* [Problem description]:
All of the records below need to be written out exactly, but without the pictures.

Data excerpts
= = =

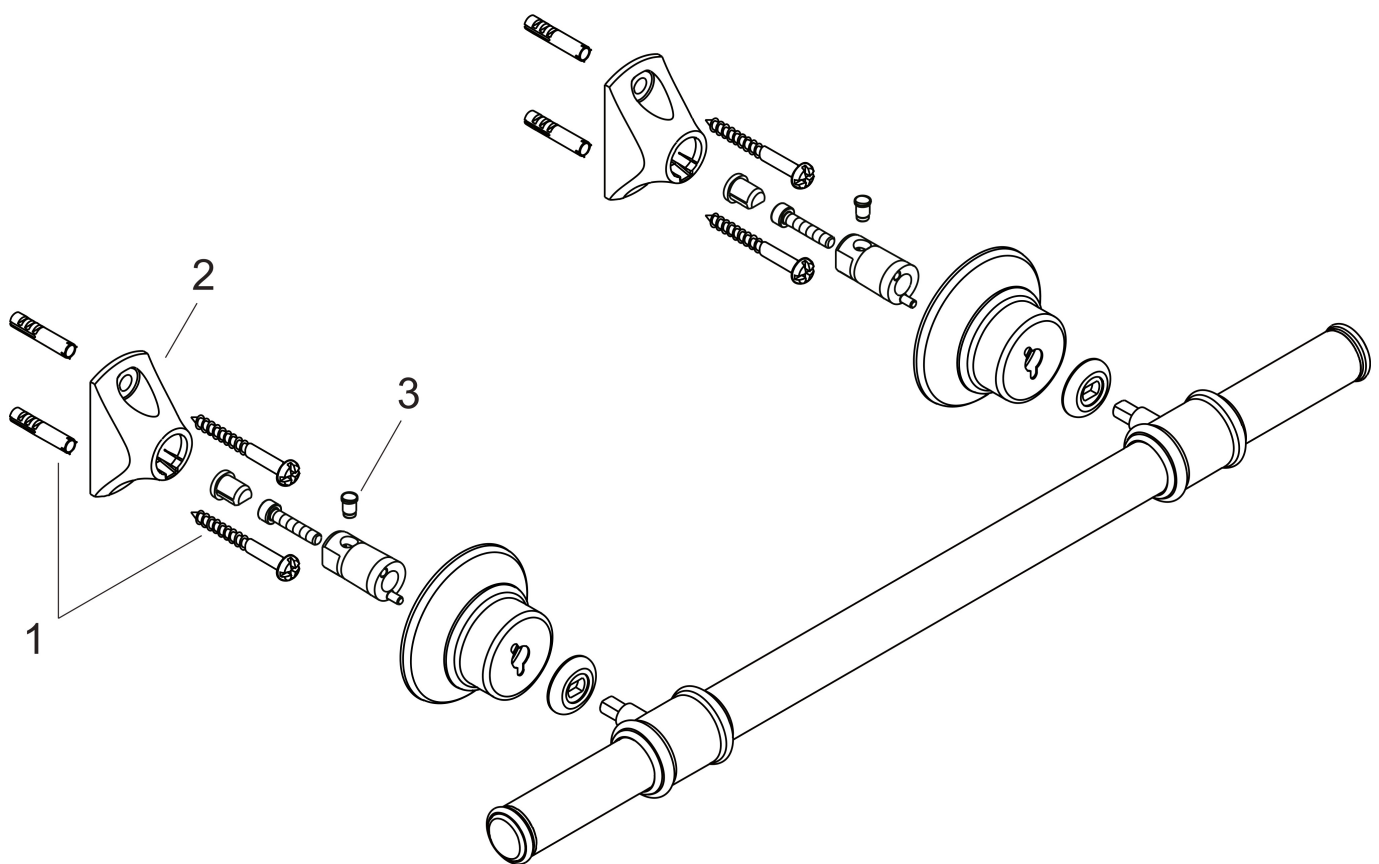

Brand AXOR  
Art. Name **AXOR Montreux** Towel Bar 24"  
Art. Nr. 42060820  
Surface Brushed Nickel  
Pos. 1

## Features

- Wall-mounted
- Metal
- Metal holder
- With mounting material
- Diameter drill hole: 6 mm
- Concealed fastening

## Drawing

Brand AXOR  
Art. Name **AXOR Montreux** Towel Bar 24"  
Art. Nr. 42060820  
Surface Brushed Nickel  
Pos. 1

---

## Spare Parts Drawings for build year: >05/06

Brand AXOR  
Art. Name **AXOR Montreux** Towel Bar 24"  
Art. Nr. 42060820  
Surface Brushed Nickel  
Pos. 1

---
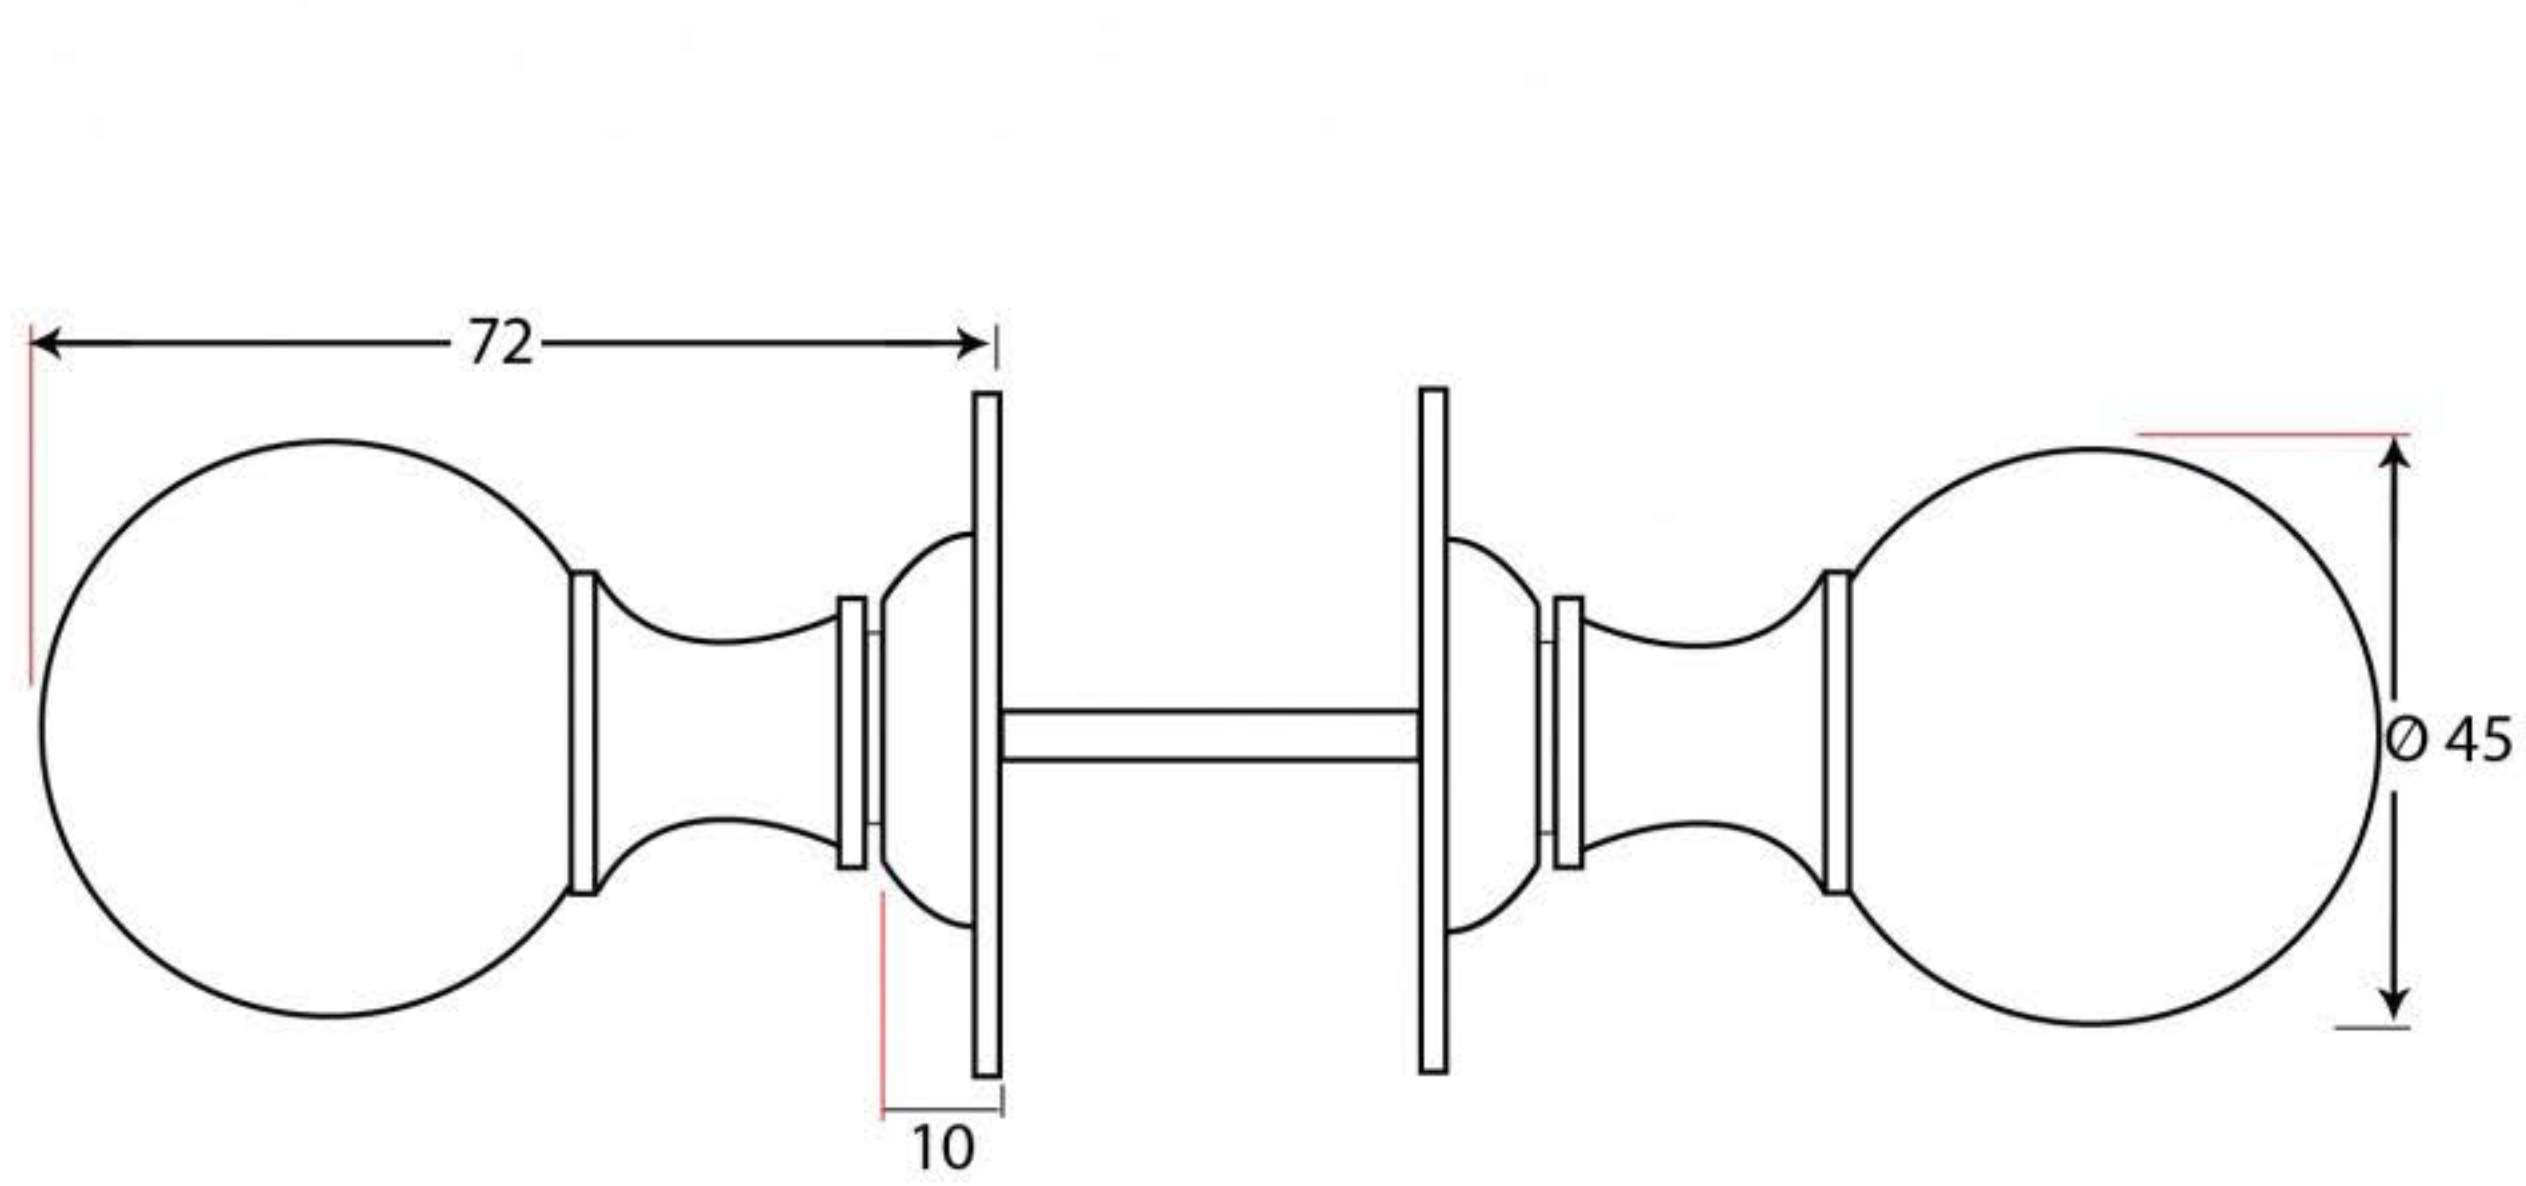

PRODUCT CODE 83632

HANDFORGED
TRADITIONAL
IRONMONGERY

Due to the hand crafted nature of our products all measurements are approximate and should be used as a guide only
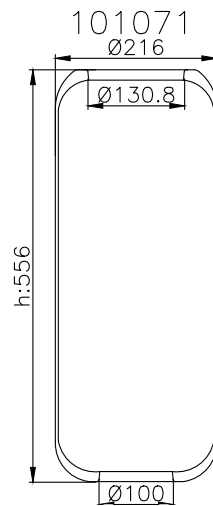

Product ID: 101071

Weight: 1,76 kg

QIP (pcs): 40

OEM Ref.

Iveco 500364433

CROSS Ref.

CF Gomma

1S 290-30 V
205074
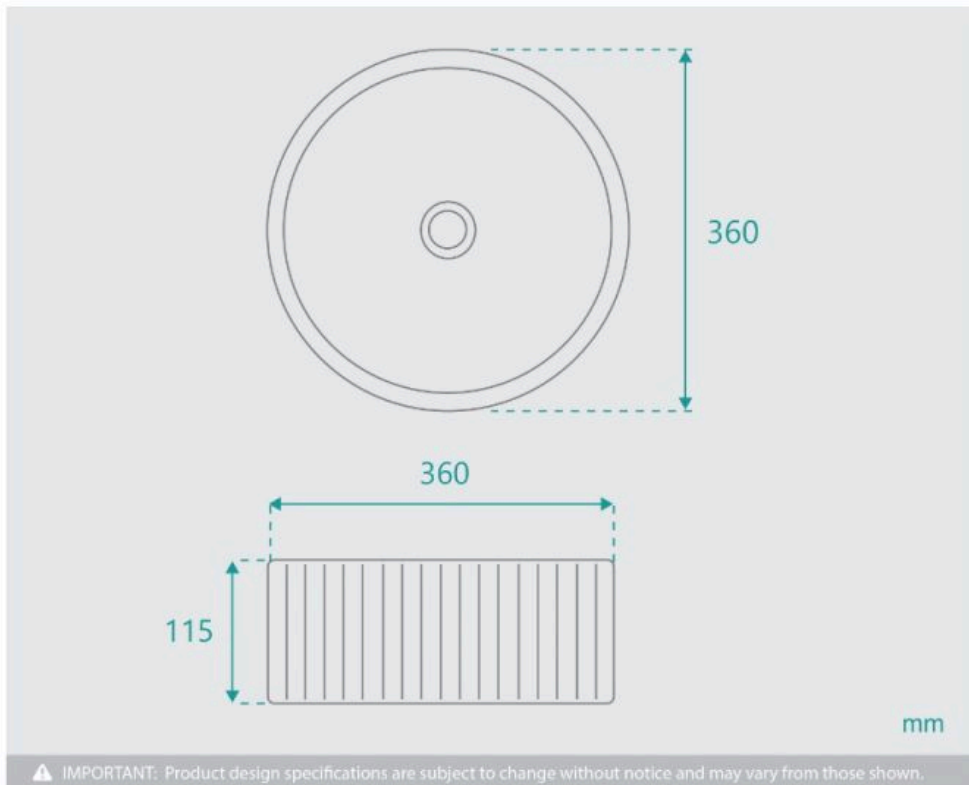

Construction: Ceramic

Finish: Matte White

Overflow Outlet: No

Waste Size: 32mm

Water Capacity: 7L

Warranty: 5 Year Product Warranty

Our fluted basins present a unique groove texture pattern and matte white ceramic finish.

The distinctive ribbed pattern is designed to add style to your bathroom counter top and compliment your overall bathroom aesthetic.

The Kendall Fluted Groove Basin is a versatile design, created to be a visual statement piece for your desired bathroom area.

**Please note that for ceramic products, specifications must allow +/- 10 mm tolerance for manufacturing variance, it is recommended to use measurements of the actual product received. Colours displayed online may appear different due to screen settings.*

= = =

* [Task answer]:
Brand AXOR  
Art. Name **AXOR Montreux** Towel Bar 24"  
Art. Nr. 42060820  
Surface Brushed Nickel  
Pos. 1

## Features

- Wall-mounted
- Metal
- Metal holder
- With mounting material
- Diameter drill hole: 6 mm
- Concealed fastening

## Drawing

Brand AXOR  
Art. Name **AXOR Montreux** Towel Bar 24"  
Art. Nr. 42060820  
Surface Brushed Nickel  
Pos. 1

---

## Spare Parts Drawings for build year: >05/06

Brand AXOR  
Art. Name **AXOR Montreux** Towel Bar 24"  
Art. Nr. 42060820  
Surface Brushed Nickel  
Pos. 1

---

PRODUCT CODE 83632

HANDFORGED
TRADITIONAL
IRONMONGERY

Due to the hand crafted nature of our products all measurements are approximate and should be used as a guide only

Product ID: 101071

Weight: 1,76 kg

QIP (pcs): 40

OEM Ref.

Iveco 500364433

CROSS Ref.

CF Gomma

1S 290-30 V
205074

Construction: Ceramic

Finish: Matte White

Overflow Outlet: No

Waste Size: 32mm

Water Capacity: 7L

Warranty: 5 Year Product Warranty

Our fluted basins present a unique groove texture pattern and matte white ceramic finish.

The distinctive ribbed pattern is designed to add style to your bathroom counter top and compliment your overall bathroom aesthetic.

The Kendall Fluted Groove Basin is a versatile design, created to be a visual statement piece for your desired bathroom area.

**Please note that for ceramic products, specifications must allow +/- 10 mm tolerance for manufacturing variance, it is recommended to use measurements of the actual product received. Colours displayed online may appear different due to screen settings.*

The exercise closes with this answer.